- _Records to process_:
--

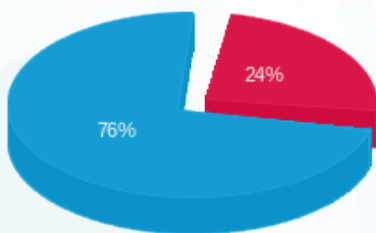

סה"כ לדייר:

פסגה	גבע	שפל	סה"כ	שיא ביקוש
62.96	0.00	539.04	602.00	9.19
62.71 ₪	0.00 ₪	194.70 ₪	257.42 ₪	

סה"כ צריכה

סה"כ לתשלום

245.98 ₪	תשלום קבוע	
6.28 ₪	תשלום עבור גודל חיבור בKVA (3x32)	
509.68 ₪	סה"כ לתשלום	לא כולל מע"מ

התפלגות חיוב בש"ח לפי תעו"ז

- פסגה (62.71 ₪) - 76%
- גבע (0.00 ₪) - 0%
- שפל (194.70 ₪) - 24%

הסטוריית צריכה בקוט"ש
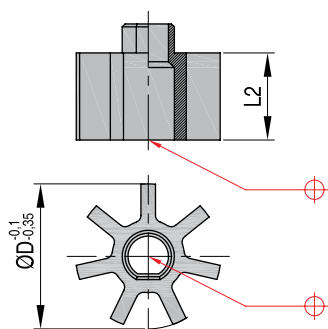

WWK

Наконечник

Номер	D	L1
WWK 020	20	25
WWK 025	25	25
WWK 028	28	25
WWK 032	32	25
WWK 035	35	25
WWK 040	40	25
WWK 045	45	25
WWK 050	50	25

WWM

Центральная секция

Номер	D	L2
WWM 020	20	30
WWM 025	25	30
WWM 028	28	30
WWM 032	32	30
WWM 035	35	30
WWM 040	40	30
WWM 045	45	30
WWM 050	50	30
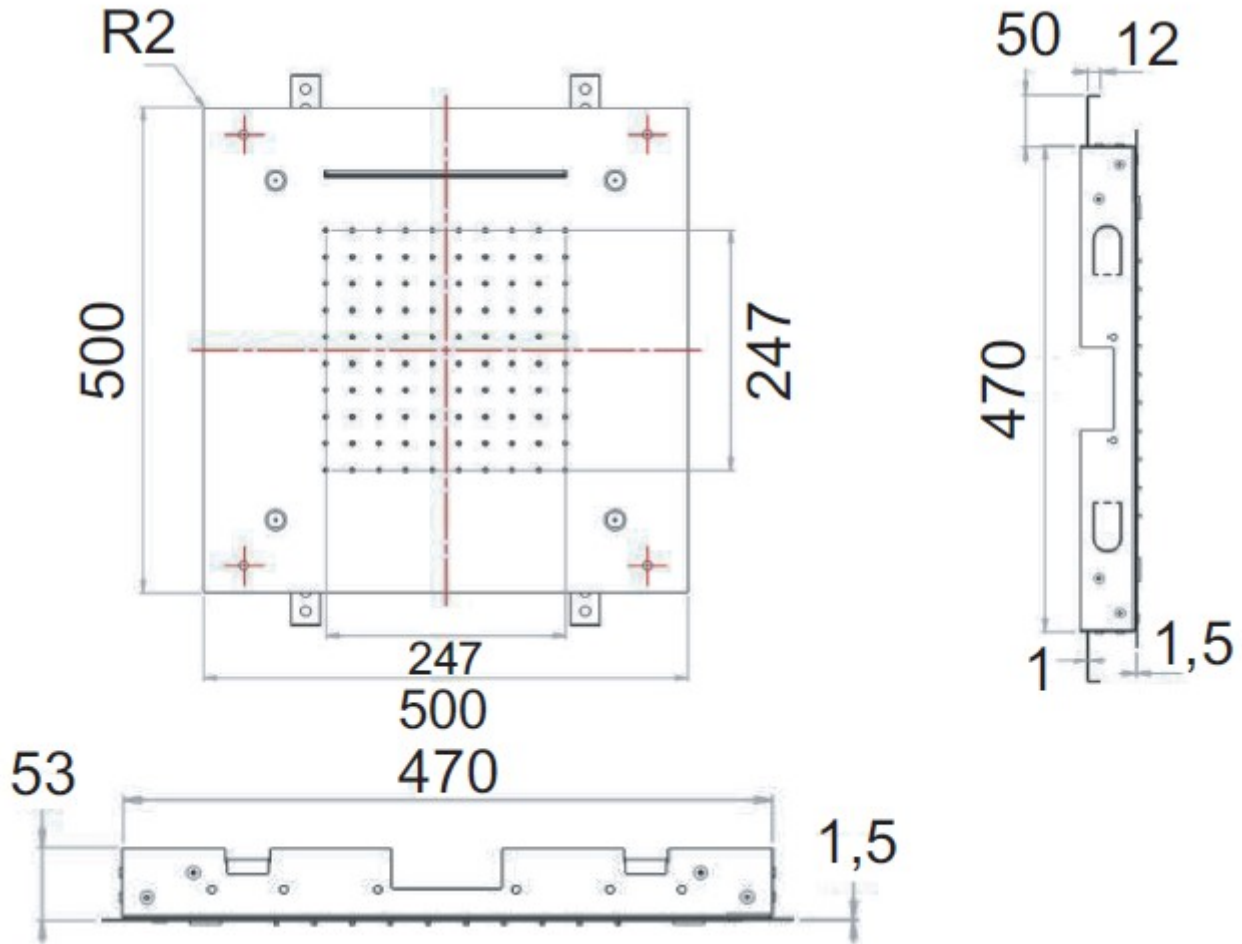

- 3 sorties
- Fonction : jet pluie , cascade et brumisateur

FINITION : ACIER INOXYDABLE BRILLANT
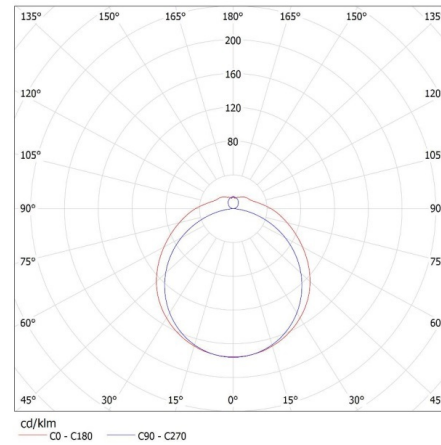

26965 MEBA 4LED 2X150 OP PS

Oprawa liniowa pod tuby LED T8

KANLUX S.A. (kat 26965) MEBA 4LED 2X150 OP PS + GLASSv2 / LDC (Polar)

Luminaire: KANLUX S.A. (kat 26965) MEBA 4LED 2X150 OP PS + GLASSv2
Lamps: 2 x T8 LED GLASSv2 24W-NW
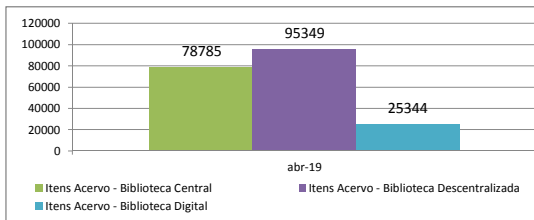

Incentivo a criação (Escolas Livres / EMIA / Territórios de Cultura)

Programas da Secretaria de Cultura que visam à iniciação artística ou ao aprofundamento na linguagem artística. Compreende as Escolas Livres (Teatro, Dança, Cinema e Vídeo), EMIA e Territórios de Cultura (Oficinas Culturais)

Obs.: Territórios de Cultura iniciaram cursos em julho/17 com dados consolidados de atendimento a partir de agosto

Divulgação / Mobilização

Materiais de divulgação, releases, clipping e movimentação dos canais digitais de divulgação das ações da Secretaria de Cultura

--

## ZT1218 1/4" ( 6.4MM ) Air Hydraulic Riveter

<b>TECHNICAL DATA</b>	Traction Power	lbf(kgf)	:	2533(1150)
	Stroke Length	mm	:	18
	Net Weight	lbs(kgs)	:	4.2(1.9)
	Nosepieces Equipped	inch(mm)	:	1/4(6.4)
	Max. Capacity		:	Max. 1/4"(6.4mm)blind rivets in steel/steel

--

- _Work instruction_:
Copy every line of the data that carries the word "Escolas".

- _Task response_:
Incentivo a criação (Escolas Livres / EMIA / Territórios de Cultura)
Programas da Secretaria de Cultura que visam à iniciação artística ou ao aprofundamento na linguagem artística. Compreende as Escolas Livres (Teatro, Dança, Cinema e Vídeo), EMIA e Territórios de Cultura (Oficinas Culturais)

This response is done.